The usefulness of this automatic animal activity assessment system was also confirmed by the A0 and A1 indices on day 14 (Fig. 7 panel L), which were non-zero from 19:00 indicating higher activity compared to all previous days. The data obtained from the general analysis of the video showed that from about 19:00 one of the females displayed unusual behaviour and was moving around in circles, was nervous, turned around a lot and was restless. It was at this point that the birthing process began. The monkey then rested with the group until 22:40, when it was observed to move to the shelf located under the radiator bar, which was shown by an increase in activity (Fig. 7, Panel L).

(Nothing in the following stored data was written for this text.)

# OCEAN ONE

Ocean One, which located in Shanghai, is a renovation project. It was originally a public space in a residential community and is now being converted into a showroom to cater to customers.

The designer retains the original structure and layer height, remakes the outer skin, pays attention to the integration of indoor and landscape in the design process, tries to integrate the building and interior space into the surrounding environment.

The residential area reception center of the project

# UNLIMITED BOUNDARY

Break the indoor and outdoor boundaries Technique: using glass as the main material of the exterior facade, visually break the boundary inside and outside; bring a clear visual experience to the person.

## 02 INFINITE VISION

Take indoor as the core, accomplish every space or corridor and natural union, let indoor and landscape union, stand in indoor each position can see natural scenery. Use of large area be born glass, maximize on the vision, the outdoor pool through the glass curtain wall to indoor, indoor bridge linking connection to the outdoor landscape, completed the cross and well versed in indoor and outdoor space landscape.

In the literature, methods based on animal detection from video frames are most often used for the individual assessment of the behaviour of animals in cages, e.g. hens32, red foxes33, pigs in a pen28,34,35, monkeys36,37, and drosophila38. However, these methods introduce initial conditions, e.g. they require the following: the presence of only one object in the cage32; a model, a sample of training data, and a method training process34,37; the need to have the camera pointed perpendicular to the floor to capture the entire pen28,35.

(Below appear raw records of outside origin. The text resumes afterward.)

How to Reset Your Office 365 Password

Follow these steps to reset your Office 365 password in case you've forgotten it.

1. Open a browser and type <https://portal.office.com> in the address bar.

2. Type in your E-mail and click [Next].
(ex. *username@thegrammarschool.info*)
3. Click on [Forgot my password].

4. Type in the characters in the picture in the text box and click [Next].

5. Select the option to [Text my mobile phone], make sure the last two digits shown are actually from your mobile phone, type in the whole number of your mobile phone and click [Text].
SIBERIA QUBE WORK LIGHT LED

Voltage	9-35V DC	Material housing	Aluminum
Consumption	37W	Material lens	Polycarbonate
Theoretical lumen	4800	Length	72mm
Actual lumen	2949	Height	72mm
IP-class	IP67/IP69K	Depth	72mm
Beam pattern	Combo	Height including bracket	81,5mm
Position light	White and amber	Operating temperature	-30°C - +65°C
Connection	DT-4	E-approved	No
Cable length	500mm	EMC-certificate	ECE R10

Meanwhile, the analysis method presented in this paper (a) is based on free software, (b) does not introduce any initial conditions (technical, hardware), (c) does not require a learning/training process, and (d) does not require the introduction of model assumptions about the observed objects. Changes in the activity of animals can be detected quickly which enables the reactions of animal handlers and finding the factor disturbing the typical daily activity of animals. For example, an increase or decrease in activity may indicate the existence of a disease that is initially difficult to detect.e.g. pasteurella disease. Moreover, the presented method detects unusual changes in activity, thanks to which, for example, zoo employees can intervene to identify the causes. An example is the detection of activity changes during labour. The system can therefore act as an indicator of important events relevant to the welfare of animals in the zoo.

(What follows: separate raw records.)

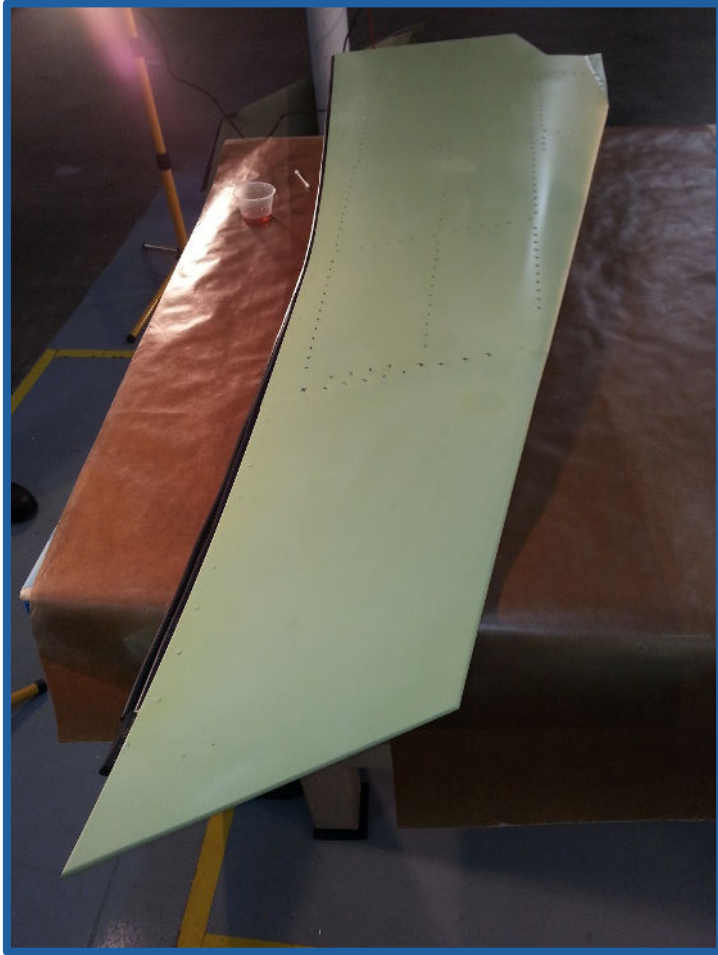

Lex Assembly

Repair & Training

COC Aerospace - Proprietary and Confidential Company Information

Lex Frame Assembly - Part Numbers 14-24010-505/-506

Lex Frame Assembly - Part Numbers 14-24010-505/-506

LEX FRAME AND OUTER SKIN INSPECTION - POST FRAME ASSEMBLY

LEX OUTER SKIN INSTALLATION

LEX AFTER PRIMER/PAINT

LEX FULLY PROCESSED & COMPLETED

LEX FULLY PROCESSED & COMPLETED

Aircraft complete, ready for test flight!

 **The COC F-5 Team - www.coc-aerospace.com** 

EXPERIENCE - OVER 5 DECADES YEARS SUPPORTING LEGACY AIRCRAFT

In the paper, we have presented the basic possibilities of using the A index (division by day/night), and in future applications, smaller intervals can be introduced to target the detection/monitoring of other expected specific (or non-specific) animal behaviours.

Conclusion

Summing up, it can be concluded that the method described herein is suitable for the automatic assessment of the activity level of fast-moving animals. The results obtained with this method correlate well (Rs = 0.76), with the activity index determined by a visual detailed method. The automatic analysis of animal behaviour described above is many times faster than visual analysis and enables the precise assessment of the daily activity of fast-moving groups (herds) of animals. The automatic method of activity assessment for very fast-moving animals along with the programming tools enable on-line image analysis, even by a computer with average parameters in terms of computational efficiency (please see the chapter Materials and Methods for more information). In addition, the image processing method presented above has proven itself on footage from a security camera with average technical parameters. The use of the system described in this paper makes it possible to obtain an activity index with a sub-second resolution, which allows it to be used in on-line mode as a detector of abnormal animal activity, e.g. early detection of illnesses or sudden events that manifest themselves as increased or decreased activity compared to the standard activity profile. This method can be applied to other species of animals whose activity is equally difficult to assess visually.